You want to see what percentage of information each eigen value holds. You would have print out the percentage of each eigen value using the formula



> (sorted eigen values / sum of all sorted eigen values) * 100



In [13]:
# use sorted_eigenvalues to ensure the explained variances correspond to the eigenvectors

#TO DO: Insert code here
explained_variance = (sorted_eigenvalues / np.sum(sorted_eigenvalues)) * 100
explained_variance =["{:.2f}%".format(value) for value in explained_variance]
print( explained_variance)

['63.50%', '28.94%', '6.73%', '0.82%', '0.00%']


#Initialize the number of Principle components then perfrom matrix multiplication with the variable K example k = 3 for 3 priciple components




> The reulting matrix (with reduced data) = standardized data * vector with columns k

See expected output for k = 2



In [15]:
k = 2 # select the number of principal components

reduced_data = np.matmul(standardized_data, sorted_eigenvectors[:,:k])
reduced_data = np.round(reduced_data, decimals=2)

In [None]:
print(reduced_data)

[[ 1.07127878 -0.6983307 ]
 [-3.49014682 -0.59870297]
 [ 0.24003422 -0.48244534]
 [-0.14516166 -1.61189378]
 [ 1.34022572 -1.07434063]
 [-0.96573453 -2.23341502]]


In [16]:
print(reduced_data.shape)

(6, 2)


# *What are 2 positive effects and 2 negative effects of PCA

2 Positive Effects (Benefits) of PCA:

Dimensionality Reduction: PCA reduces the number of features, making it easier to visualize and process large datasets without losing too much important information.
Noise Reduction: By focusing on the most important components, PCA can filter out noise and irrelevant information, improving the performance of machine learning models.

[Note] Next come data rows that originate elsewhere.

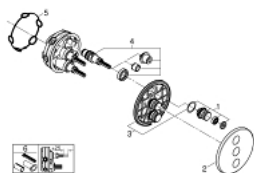

### DESCRIPTION DU PRODUIT

- à associer avec GROHE Rapido SmartBox corp encastré 35 600/35 604/35 601
- Rosace murale en métal avec GROHE FastFixation, ajustable rétroactivement de 6°
- GROHE LongLife finition durable
- bouton poussoir SmartControl pour ON-OFF, tourner pour régler le débit
- pictogrammes échangeables
- GROHE ProGrip avec surface moletée
- sorties multiples pouvant être utilisées simultanément
- livré sans corps encastré 35 604 (à commander séparément)
- débit: sortie D = 28 l/min, sortie E = 28 l/min, sortie A = 28 l/min Sortie D+E+A = 65 l/min

### PIÈCES DE RECHANGE

1: Commande pour WC bouton-poussoir (Numéro de commande 48361000)

1.1: touche (Numéro de commande 14077000)

2: Rosace (Numéro de commande 48366000)

3: Plaque de montage (Numéro de commande 48365000)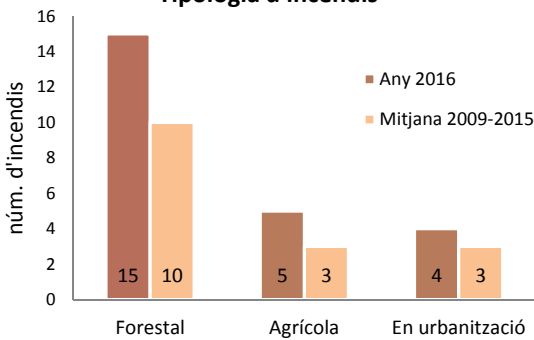

Incidències

Sensibilització

2.597 Persones informades de la normativa de prevenció d'incendis

Tipologia d'incendis

Superfície afectada any 2016 (4,65 ha)

Superfície afectada mitjana 2009-2015 (20,5 ha)

Aquest any 2016, excepcionalment càlid i sec especialment al Baix Llobregat, ha finalitzat el període d'alt risc amb 24 incendis de vegetació. Dada molt superior a la mitja dels darrers anys però amb tant sols 4,16 hectàrees forestals cremades. El nombre de persones informades ha augmentat en un 27% respecte la campanya 2015, així com també ho han fet les incidències detectades, en un 54%. Un exemple és l'abocament de la imatge inferior. Com cada any, enguany també s'ha comprovat l'estat dels punts d'aigua aptes per a l'extinció d'incendis.

2 Negative Effects (Limitations) of PCA:

Loss of Interpretability: The new principal components are linear combinations of the original features, making it harder to interpret the transformed data in terms of the original variables.
Assumption of Linearity: PCA assumes that the data can be represented well in a linear fashion, which may not hold for complex, non-linear datasets.